Last week Emily had reinstatement evaluations for some therapies and they went well and there is a game plan ahead.  I've always felt it is important to keep her moving and as active as possible because like anyone when we are in motion to whatever capacity we are capable we simply do better in our daily lives.  Quality of life is top priority.

Emily's aquatherapy is improving as well as far as her getting more comfortable in the water again.  For those that don't know- she is a fish in water and her not wanting to go under the water is counterintuitive to her nature.  Baby steps.

Emily has another evaluation for her episodes tomorrow and as far as the foundation lots of cool things are happening!  Stay tuned for more on that as I am able to reveal!

Believe

Wednesday, November 6, 2019

Falling into our new routines

Although each day is a roller coaster ride, it turned out to be a descent Halloween!  Emily had a home school visit, followed by some aqua therapy and LOOK- she got in the pool today- not under water or in the deep end like usual, but she got in! Then on the way home- thankfully close to home- she had an episode so we hung out in the mom van awhile when we pulled in the lane. She then decided to NOT go Trick or Treating and then last minute decided to go! We had "escape plans"- grandma's- a friends house- and the mom van. She had a good time out with her sissy, Joe and I! We went before it got dark to help her mindset. 

Emily is truly such a source of inspiration! The other day she had an episode coming on when we arrived at her aquatherapy session. She used her breathing and focused on some techniques and with some coaxing to go in we made it to the pool where between her therapist and I managed to get her to sit on the steps in the therapy pool and by the end she was feeling stronger. Then we were off to gather some much needed groceries. Her face when trying to figure out which steak she wanted is priceless! Keep powering through our brave, resilient, warrior princess!
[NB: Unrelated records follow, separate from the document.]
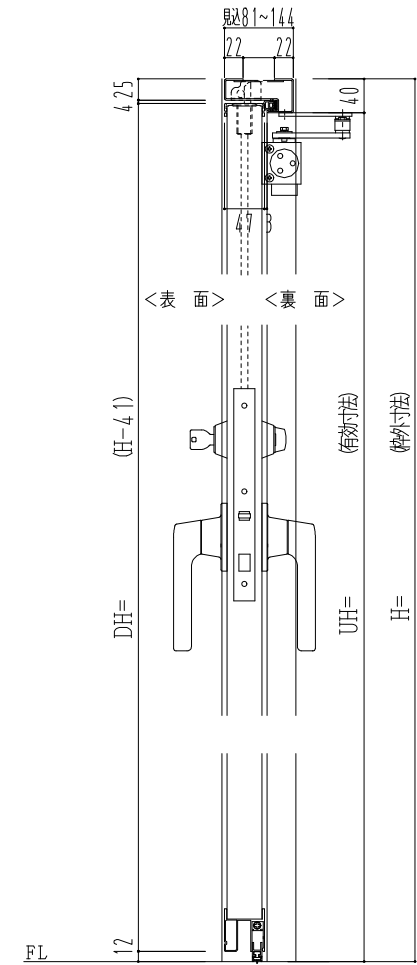

スチール外枠

アルミ縁枠

作図縮尺	
正面図	1/1
水平断面図	2.5/1
垂直断面図	2.5/1

○印の部分からは通気を遮断する事は出来ませんのでご注意ください。

SUNWIZZ

品名：超軽量鋼製フラッシュドア

型名：DSR40 (V3.0)・親子-F3M-3方ボトムタイト (グレモン)

DSR40-300L3MB0-A1-2306
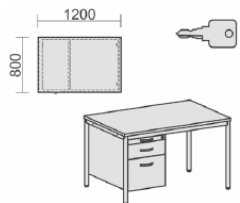

Schreibtisch mit Bodenausgleichsschrauben, feste Höhe, mit Hängecontainer mit 1 Hängeregistratur und 1 Metall-Schubfach und Utensilienschubfach, rechts oder links einhängbar, abschließbar Tischhöhe: 720 mm Gestell: Lichtgrau

Maße	Artikeln. Nr.	Dekor angeben	€	Bestellung
B: 1200 mm T: 800 mm	N-522119-		447,20	

3 Wochen
Lieferzeit
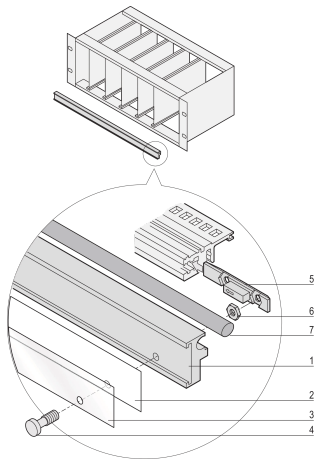

## CODICE A CATALOGO

**24560-167**

Può essere montato sulle guide orizzontali anteriori e posteriori se le schede PCB senza pannello anteriore sono inserite nel portapacchi.

## CARATTERISTICHE

Può essere utilizzato se le schede PCB senza pannelli frontali sono inserite nel sottorack

La guida di fissaggio fornisce il bloccaggio comune dei circuiti stampati e funge da targhetta di identificazione
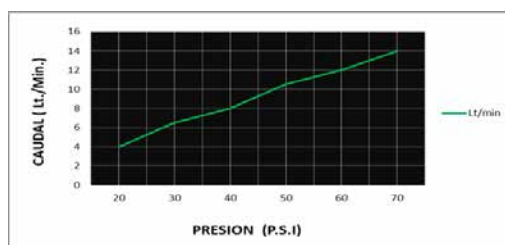

CAUDAL

CONSULTAR LISTA DE PRECIOS EN LA ZONA DE DESCARGA
PARA INFORMACIÓN DE PRECIOS INGRESAR A WWW.VAINSA.COM
O CONTACTARSE A LOS TELÉFONOS: **604 4646**

V01

YSI INDUSTRIAL S.A.C.

Av. B Sub-Lote A1-3-2-B Urb. Industrial Las Praderas Lurín, Lima - Perú RUC: 20555189631 Servicio al Cliente Telf.: 616-9528(Griferías) 616-9529(Sanitarios)
Showroom: Av. Javier Prado Este 5271 Urb. Camacho La Molina, Lima - Perú, servicioclientes@ysi-industrial.com www.vainsa.com

Not sure how to take it when the neurologist residents, fellows and attendings are excited to see the #SIOD girl and study her brain some more.
Joe and I are all about helping others and if this can help not only other #SIOD children and children with epilepsy then by all means study away!
Yesterday’s appointment brought up some interesting questions, observations and slight adjustments.
We continue to sit back in amazement at our warrior princess!


Every day Emily keeps pressing on. Here she is working in two different therapies ( one for continued neck/arm pain) and the other to slowly get her comfy back in the saddle again!